The chamber was small and had no windows, and the odor in it was heavy and sweetly putrid. However, it did not carry the stench of the befoulment of death, which usually added a final sickening effect. Doubtless someone had washed the corpse; that annoyed Bell because he would not be able to judge whether St. Cyr had been standing or already fallen when he was stabbed—unless the stains on his clothing could tell the tale. He glanced around and saw with satisfaction the pile of garments by the body’s feet.

At least the washing had kept the air breathable—if barely. Bell put his torch into one of the holders on the wall. Then, lips set, he went up to the shrouded body and uncovered it.

Sir Rolf made an indistinguishable sound, perhaps of protest when Bell uncovered the corpse. After a moment, however, Rolf drew closer, holding his torch over the bier as Bell seized the right shoulder and lifted. It was not easy. The body was flaccid, the rigidity of death gone completely. Bell was not surprised. Although he had known the stiffness to linger as long as two days, it came and went faster in warm weather, and it had been warm.

The knife wound, as Bell had expected, was to the right of the backbone, where it should be if a right-handed man had stabbed St. Cyr from behind. He looked at the wound and the area surrounding it. The body had been lying on its back for some time and the flesh was very dark, as dead flesh always was on whatever part was lowest. Even so Bell could see that the edges of the wound were smooth, and he could make out two bruises alongside the wound where something protruding from the hilt of the knife had struck the flesh hard—quillons, downturned toward the blade.

“You see that?” he said to Sir Rolf. “The blade is ordinary but very well honed, a straight blade about like mine or yours, and it had quillons that point down.” He leaned closer, holding his breath and gesturing to Sir Rolf to bring the torch closer. “Rounded quillons, or maybe part of a double guard, one curve up and one down.”

“How the hell do you know that?” Sir Rolf asked, sounding annoyed.

“That the knife was very sharp, because the flesh around the wound is smooth. About the quillons being rounded, because the skin was badly bruised but not broken.

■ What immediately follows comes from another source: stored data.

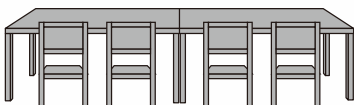

### ココがポイント

従来型

新デザイン

つなぎ目にも椅子が入るので  
片側5名様が座れます！

※図は4人用膳を2台並べた時のイメージです。

テーブルの脚が邪魔しない  
ので出入りがスムーズ！

DX 畳ずり脚 8 本脚 (メラミン化粧天板)

座卓テーブル600H/700H	高さ	幕板	寸法 (mm)	品番	Ⓐ黒木目	ⓐ茶木目 ㉑黒乾漆 ㉒茶乾漆 ㉓グリーン乾漆 ㉔唐彩 ㉕ケヤキ	㉖艶消し黒木目 ㉗艶有り黒木目	㉘朱姫子 ㉙緑姫子 ㉚うるみ姫子 ㉛黒姫子
2人膳(8本脚) 座卓使用時の高さ325mm 	H600mm用	幕板なし	1500×450×H600/H325	1700112	¥88,000	¥93,000	¥100,000	¥101,000
			1500×550×H600/H325	1700113	¥107,500	¥109,500	¥116,500	¥120,500
			1500×600×H600/H325	1700114	¥107,500	¥109,500	¥116,500	¥120,500
		幕板付	1500×450×H600/H325	1700115	¥95,000	¥99,000	¥106,000	¥107,000
			1500×550×H600/H325	1700116	¥113,000	¥115,500	¥122,000	¥126,500
			1500×600×H600/H325	1700117	¥113,000	¥115,500	¥122,000	¥126,500
	H700mm用	幕板なし	1500×450×H700/H325	1700118	¥90,000	¥94,500	¥101,000	¥102,500
			1500×550×H700/H325	1700119	¥109,000	¥111,500	¥118,500	¥122,000
			1500×600×H700/H325	1700120	¥109,000	¥111,500	¥118,500	¥122,000
		幕板付	1500×450×H700/H325	1700121	¥98,000	¥100,500	¥107,000	¥108,500
			1500×550×H700/H325	1700122	¥114,000	¥117,500	¥124,000	¥128,000
			1500×600×H700/H325	1700123	¥114,000	¥117,500	¥124,000	¥128,000
3人膳(8本脚) 座卓使用時の高さ325mm 	H600mm用	幕板なし	1800×450×H600/H325	1700124	¥91,000	¥93,000	¥100,000	¥103,500
			1800×550×H600/H325	1700125	¥108,000	¥109,500	¥116,500	¥121,000
			1800×600×H600/H325	1700126	¥108,000	¥109,500	¥116,500	¥121,000
		幕板付	1800×450×H600/H325	1700127	¥96,000	¥99,000	¥106,000	¥109,500
			1800×550×H600/H325	1700128	¥112,000	¥115,500	¥122,000	¥127,000
			1800×600×H600/H325	1700129	¥112,000	¥115,500	¥122,000	¥127,000
	H700mm用	幕板なし	1800×450×H700/H325	1700130	¥94,000	¥94,500	¥101,000	¥106,000
			1800×550×H700/H325	1700131	¥110,500	¥111,500	¥118,500	¥122,500
			1800×600×H700/H325	1700132	¥110,500	¥111,500	¥118,500	¥122,500
		幕板付	1800×450×H700/H325	1700133	¥98,000	¥100,500	¥107,000	¥112,000
			1800×550×H700/H325	1700134	¥114,000	¥117,500	¥124,000	¥128,500
			1800×600×H700/H325	1700135	¥114,000	¥117,500	¥124,000	¥128,500
4人~6人膳(8本脚) 座卓使用時の高さ325mm 	H600mm用	幕板なし	1500×900×H600/H325	1700136	¥155,000	¥159,000	¥163,000	¥167,500
			1800×900×H600/H325	1700137	¥158,000	¥163,000	¥168,000	¥171,000
	H700mm用	幕板なし	1500×900×H700/H325	1700138	¥158,000	¥162,500	¥165,500	¥170,500
			1800×900×H700/H325	1700139	¥160,000	¥167,000	¥172,000	¥174,500
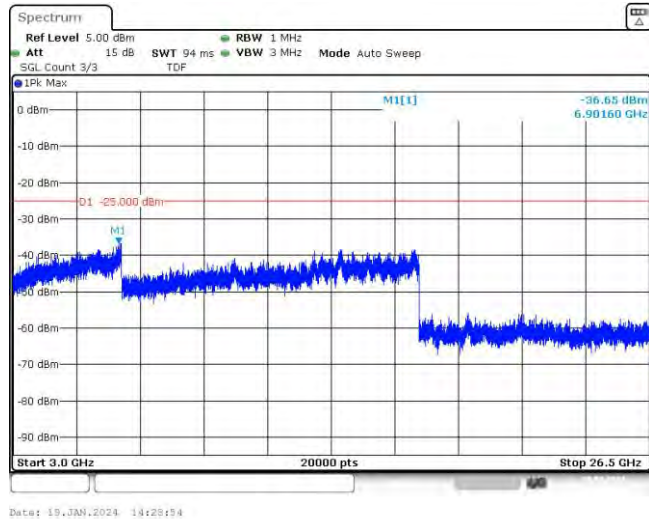

Band41-10MHz-16QAM-39700-50RB#0-Range3:3000~26500MHz
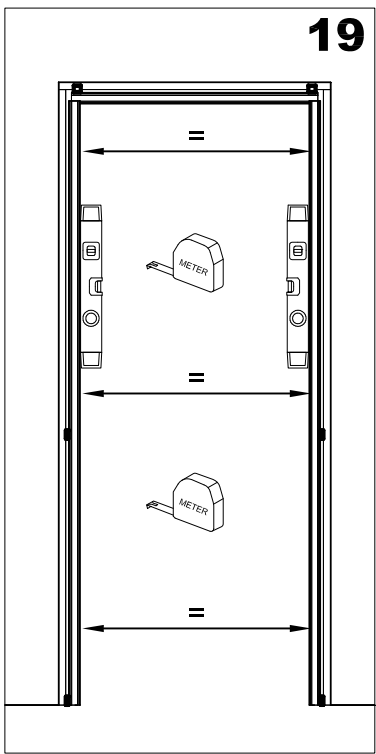

TELAIO ERA 021

ERA 021 FRAME

CADRE ERA 021

1**2****2****3****4****6****7****8****9****10**

11**12****13****14**

22

23

TC 3.9x30 

24

25

LATO ESTERNO - EXTERNAL SIDE - COTE EXTERIEUR

26

LATO ESTERNO - EXTERNAL SIDE - COTE EXTERIEUR

TC 3.5x30

A square guard or a pointed one might have broken the skin or left a sharp line at the core of the bruise.”

Sir Rolf looked at him suspiciously. “You’ve done this before.”

“Often enough,” Bell agreed absently, looking carefully at the back of the corpse’s head. After a moment he braced the head with one hand and ran the other over it. “No one struck him on the head.” He eased the body down flat and looked carefully at the forehead and nose. “Didn’t fall on his face either…but the stab wound was clean, so he didn’t try to pull away when the knife went in. Why?”

“Too shocked? And sometimes it hardly feels like anything at first. It takes a while to feel a stab wound from a sharp knife.”

“Yes, I agree, but remember the quillons hit St. Cyr hard enough to bruise him. He should have staggered forward, away from his attacker, maybe even have had time to cry out. He did not.”

“We don’t know that. Doubtless they were noisy enough in the alehouse to drown any cry.”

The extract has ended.